Revision history [back]
 | 1 | initial version |
After executing the start of your code :
sage: h
(p1, alpha, beta) |--> 1/(p1^(2/3)*(-p1 + 1)^(2/3))
sage: k`k`
(p1, xi) |--> -(e^(-p1*xi) - 1)*e^(-p1*xi)
sage: hk
(p1, alpha, beta, xi) |--> -(e^(-p1*xi) - 1)*e^(-p1*xi)/(p1^(2/3)*(-p1 + 1)^(2/3))
Both h and k are symbolic functions (more precisely callable symbolic expressions needing respectively three and four arguments. But so is hk which needs four arguments.
iuntegrate works on symbolic expressions, not on such functions. What you intended is probably :
sage: definite_integral(hk(p1, alpha, beta, xi), p1, 0, 1)
integrate((e^(p1*xi) - 1)*e^(-2*p1*xi)/(p1^(2/3)*(-p1 + 1)^(2/3)), p1, 0, 1)
This integral turns out to be undoable by the four built-in integrators ; mathematica_free fails to return anything. However, Mathematica boasts :
sage: mathematica.Integrate(hk(p1, alpha, beta, xi), (p1, 0, 1)).sage()
sqrt(pi)*(bessel_I(-1/6, 1/2*xi)*e^(1/2*xi) - 2^(1/6)*bessel_I(-1/6, xi))*xi^(1/6)*e^(-xi)*gamma(1/3)

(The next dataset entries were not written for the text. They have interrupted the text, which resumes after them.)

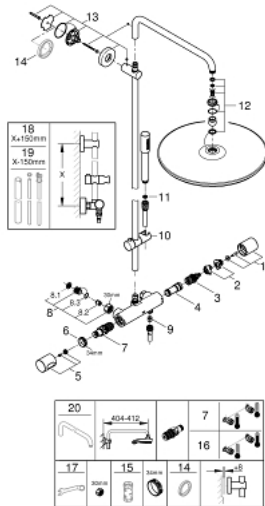

26 713 000 RAINSHOWER SYSTEM 400 SUIHKUJÄRJESTELMÄ TERMOSTAATILLA SEINÄASENNUKSEEN

VARAOSAT, maaliskuuta 2019 – now

- 1: Aquadimmer-kahva (Tilausno. 47804000)
- 2: Seis (Tilausno. 47723000)
- 3: Aquadimmer (Tilausno. 47364000)
- 4: Veden virtaus (Tilausno. 47887000)
- 5: Lämpötilansäätökahva (Tilausno. 47811000)
- 6: Asennusrenkas (Tilausno. 47743000)
- 7: Thermostatic compact cartridge 1/2" (Tilausno. 47439000)
- 8: Yksisuuntaventtiili 1/2" (Tilausno. 47189000)
- 8.1: Roskasiivilä (Tilausno. 0726400M)
- 8.2: Yksisuuntaventtiili 1/2" (Tilausno. 08565000)
- 8.3: O-rengas Ø 17 x Ø 2 (Tilausno. 0305500M)
- 9: Yksisuuntaventtiili 1/2" (Tilausno. 08565000)
- 10: Liukuosa (Tilausno. 12140000)
- 11: Poistovesikaivo (Tilausno. 0700200M)
- 12: Varaosasetti (Tilausno. 45933000)
- 13: Suihkutangon pidike (Tilausno. 48279000)
- 14: Seinäkiinnikkeen korotuspala

(Tilausno. 27180000)*

- 15: Holkkiavain (Tilausno. 19332000)*
- 16: GROHE TurboStat cartridge 1/2" (Tilausno. 47175000)*
- 17: Erikoiskiristin (Tilausno. 19377000)*
- 18: Suihkujärjestelmän putki jälkiasennukseen (Tilausno. 48053000)*
- 19: Suihkujärjestelmän putki jälkiasennukseen (Tilausno. 48054000)*
- 20: Suihkuvari suihkujärjestelmiin (Tilausno. 14047000)*

Note, however, that Mathematica fails to integrate the indefinite integral :
sage: mathematica.Integrate(hk(p1, alpha, beta, xi), p1)
-Integrate[(-1 + E^(-(p1*xi)))/(E^(p1*xi)*(1 - p1)^(2/3)*p1^(2/3)), p1]
which renders impossible the verification by re-differentiation. The only possible "raincheck" would be to plot the numerical value of the Mathematica ex^ression againts the numerical integration for various value of xi, and to check that these value do not depend on alpha nor beta...
Summary : Here may be tygers...
HTH,